Biegi nominowane miały rozstrzygnąć jeszcze kwestie bonusa. Goście zadali potężny cios w pierwszym z nich, wygrywając podwójnie. W gonitwie najlepszych dopełnili dzieła odnosząc remis i tym samym wywalczając w Poznaniu trzy punkty meczowe. Osiągnęli coś, czego chyba nikt się nie spodziewał. Na ten wynik złożyła się kapitalna postawa trójki Australijczyków oraz Daniela Kaczmarka. Każdy z nich zdobył 11 punktów, swoje dołożyli także Damian Dróżdż i Tom Brennan i dlatego goście mogli cieszyć się z tak okazałego zwycięstwa. W ekipie Tomasza Bajerskiego zawiedli głównie Rune Holta, Kacper Gomólski i Robert Chmiel. Gołym okiem widać było brak lidera gospodarzy, Francisa Gustsa.

SpecHouse PSŻ Poznań-Metalika Recycling Kolejarz Rawicz 37:53

Pierwszy mecz 38:51 Bonus:  Kolejarz Rawicz

SpecHouse PSŻ: Kacper Gomólski 3+1  (1,1*,1,0), Rune Holta 5 (2,2,0,0,1), Robert Chmiel 0 (0,d,-), Kevin Fajfer 8 (0,2,3,3,w,0), Jonas Seifert-Salk 13 (3,1,2,1,3,3), Damian Ratajczak 6+1 (3,0,1*,2,0), Olivier Buszkiewicz 2+1 (2*,0)

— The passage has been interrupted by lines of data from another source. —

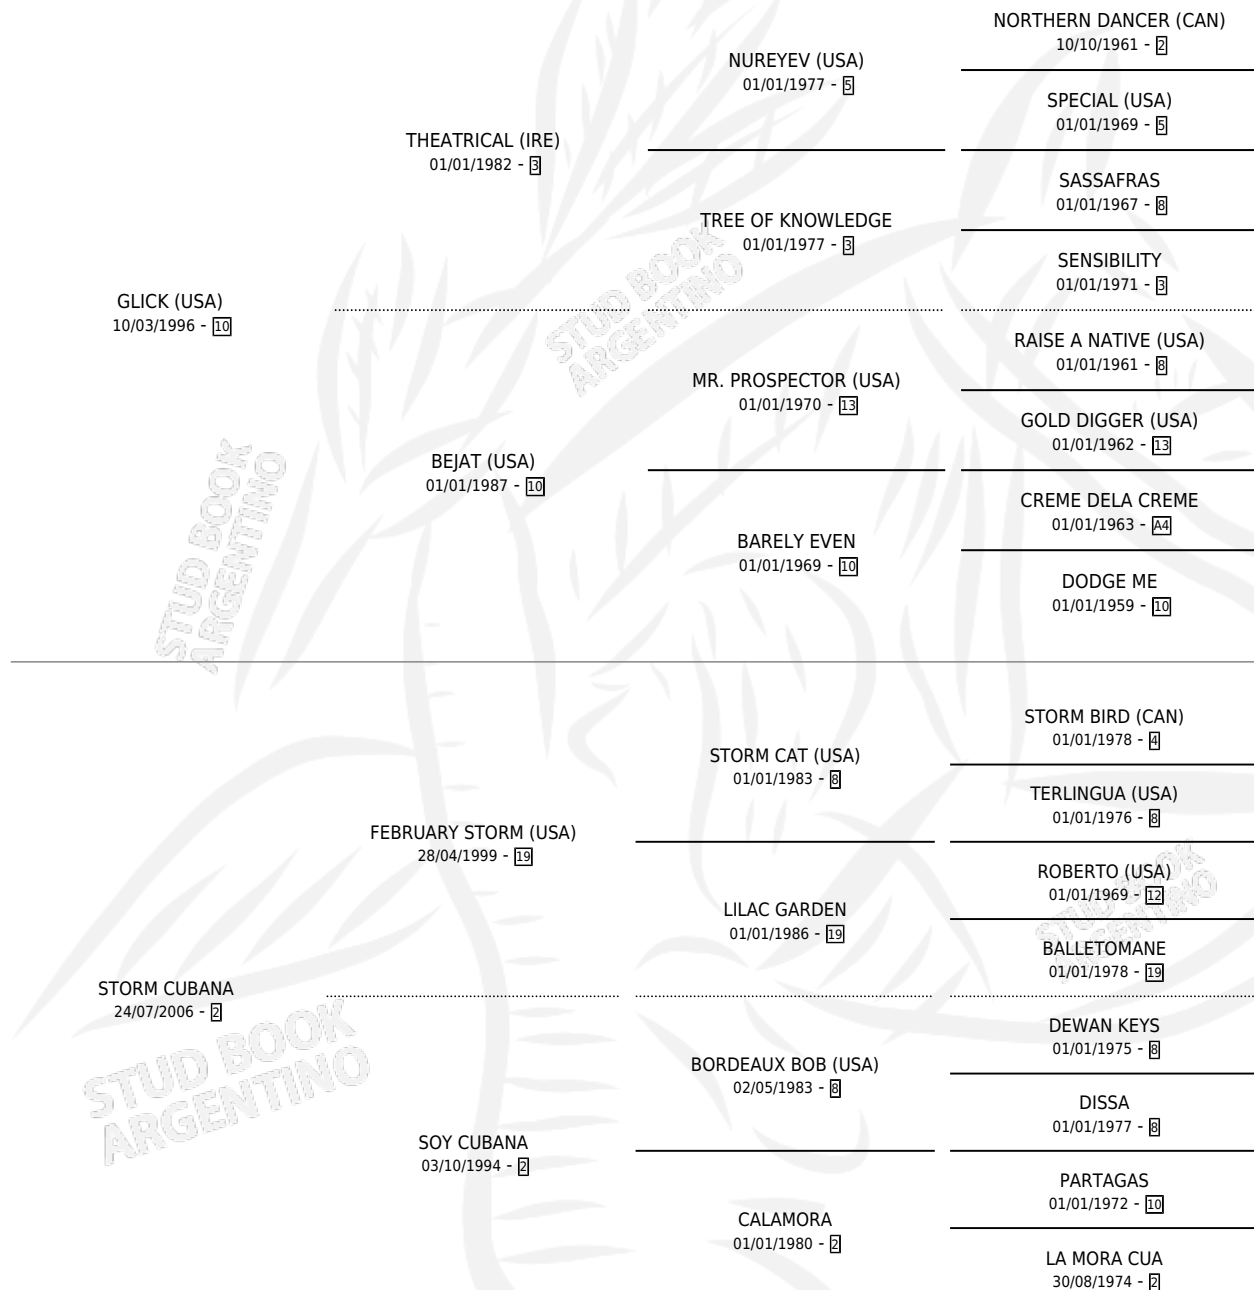

GLICK CUBANA

por GLICK (USA) y STORM CUBANA por FEBRUARY STORM (USA)

Argentina · Hembra · Zaino · SP · 14/10/2015
Familia 2-f · Volumen 42

ESTADO

TIPIFICACIÓN SANGUÍNEA	X
TIPIFICACIÓN POR ADN	X
PASAPORTE	X
IDENTIFICACIÓN POR MICROCHIP	X
REPRODUCTOR	X

Lugar de nacimiento: Dilu
Criador: Dilu

PEDIGREE

GLICK CUBANA

Datos oficiales del Stud Book Argentino

Documento generado el 07/05/2026

studbook.org.ar
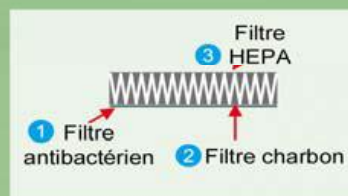

FICHE TECHNIQUE

Type de produit	BLOC FILTRE POUR SECHE-MAINS COMODRY
Nom	BLOC FILTRE
Référence	492429

ENSEMBLE SUPER FILTRE

Caractéristiques produit

Un environnement sûr et hygiénique :

Le super filtre élimine 99 % des bactéries courantes. Il a trois niveaux :

- 1 - Filtre antibactérien vert filtre 99,93% des bactéries, selon test Intertek
- 2 – Filtre à charbon pour filtrer les mauvaises odeurs
- 3 – Filtre HEPA H12 > 99.5% des particules dans l'air de diamètre 0.3 micromètre (µm)
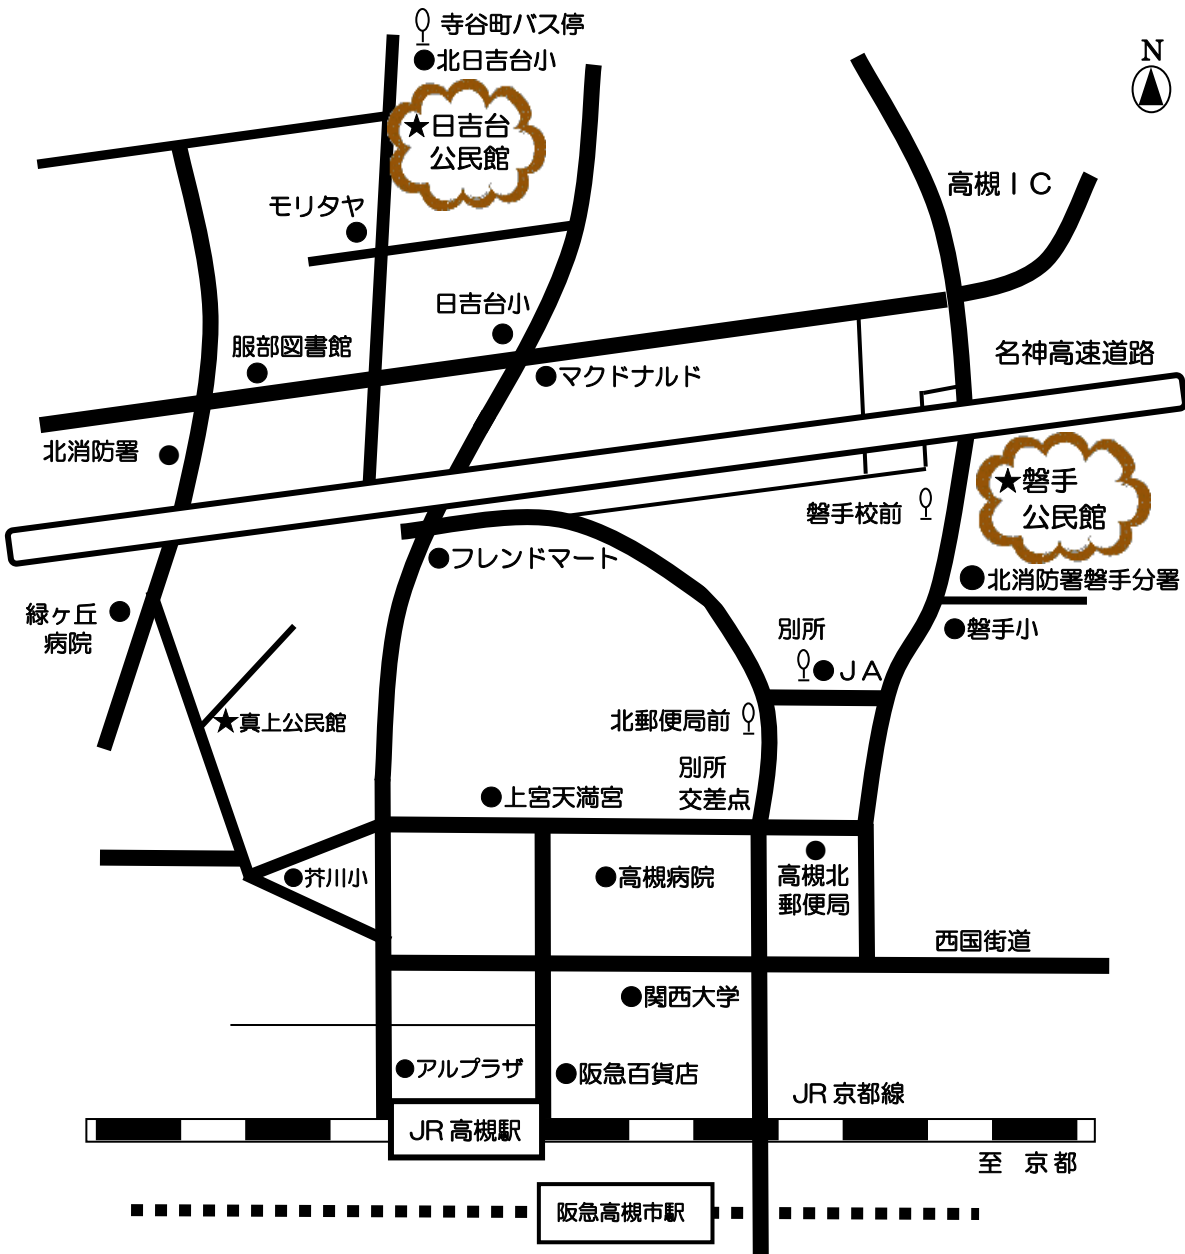

案内地図・市営バス案内

【日吉台公民館】 JR高槻駅北口「寺谷町」行き 終点「寺谷町」下車徒歩3分
 【磐手公民館】 JR高槻駅南口・阪急高槻市駅北口6番「上成合」「川久保」行き
 「磐手校前」下車すぐ

【小寺池図書館】
 阪急富田駅から東へ徒歩3分
 JR富田駅から南へ徒歩7分

日吉台公民館	高槻市寺谷町50-1	TEL 072-688-6636
磐手公民館	高槻市安満北の町18-1	TEL 072-685-2110
小寺池図書館	高槻市西五百住町1-1	TEL 072-696-2880
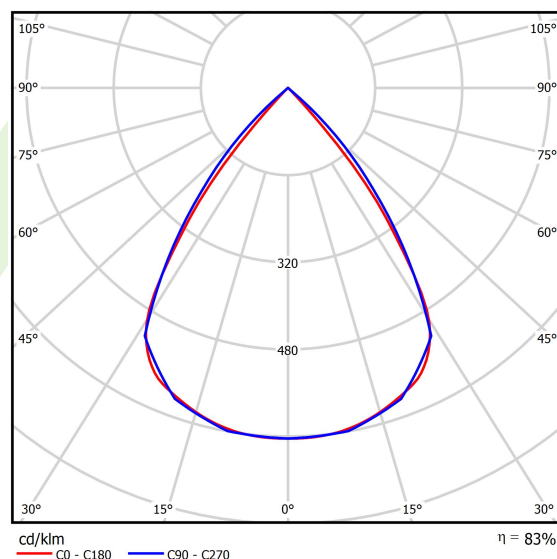

Dane mechaniczne

Montaż	do wbudowania w podwieszany sufit modułowy jak również w sufit gipsowo-kartonowy, nastropowo i na zawieszach po zastosowaniu akcesoriów
Materiał	blacha stalowa
Kolor	RAL 9016 (biały)
Przesłona	RASTER (raster antyolśnieniowy)
Odporność mechaniczna	IK04
Wymiary [mm]	596 x 296 x 23
Otwór montażowy [mm]	585 x 285

Fotometria
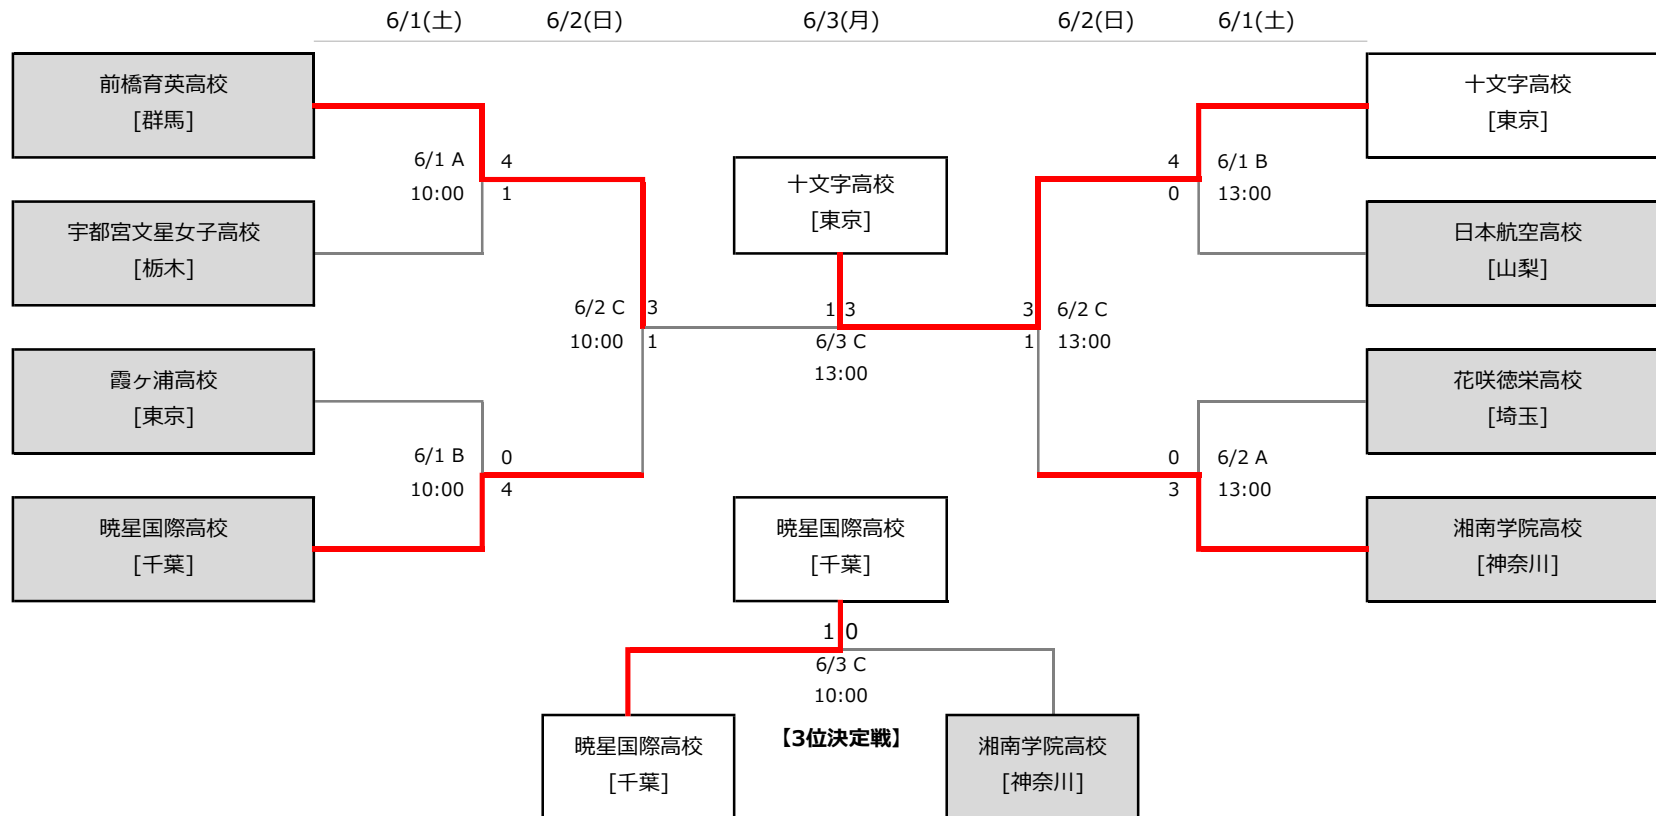

kanto

令和元年度 第8回 関東高校女子サッカー大会

試合日程：令和元年6月1日(土)・2日(日)・3日(月)

【会場】 A:ひたちなか市総合運動公園スポーツ広場A、B:ひたちなか市総合運動公園スポーツ広場B、C:ひたちなか市総合運動公園陸上競技場

Metalika Recycling Kolejarz: Daniel Kaczmarek 11+3 (3,2*,3,1*,2*), Ryan Douglas 11+2 (2,3,2*,3,1*), Damian Dróżdż 4+2 (2*,1,0,1*), Josh Pickering 11 (1,3,3,2,2), Sam Masters 11+1 (1*,3,2,2,3), Tom Brennan 4 (1,3,0), Kacper Kłosok 1 (0,0,1)

 

Bieg po biegu:

1. KACZMAREK, Dróżdż, Gomólski, Chmiel 5:1

2. RATAJCZAK, Buszkiewicz, Brennan, Kłosok 1:5 (6:6)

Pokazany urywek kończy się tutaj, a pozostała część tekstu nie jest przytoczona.